Brief ::
Could you restate exactly the lines that begin at the line with "Артикул ПЕХ-3.9-1159" and end at the final line of the data?

- - - - - - -

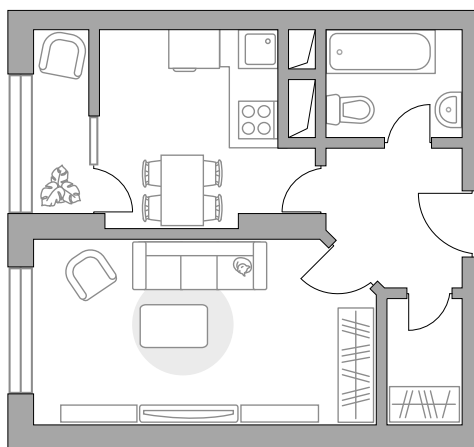

Однокомнатная квартира в ЖК Пехра

Артикул ПЕХ-3.9-1159

ПЛОЩАДЬ
33,62 м2

ЭТАЖ
8 из 17

РАЙОН
Балашиха

СРОК СДАЧИ
IV кв 2021 г

КОРПУС
3

СЕКЦИЯ
9

СТОИМОСТЬ ОТ

3 330 878 ₺

На генплане

На секции

- - - - - - -

Task response ::
Артикул ПЕХ-3.9-1159

ПЛОЩАДЬ
33,62 м2

ЭТАЖ
8 из 17

РАЙОН
Балашиха

СРОК СДАЧИ
IV кв 2021 г

КОРПУС
3

СЕКЦИЯ
9

СТОИМОСТЬ ОТ

3 330 878 ₺

На генплане

На секции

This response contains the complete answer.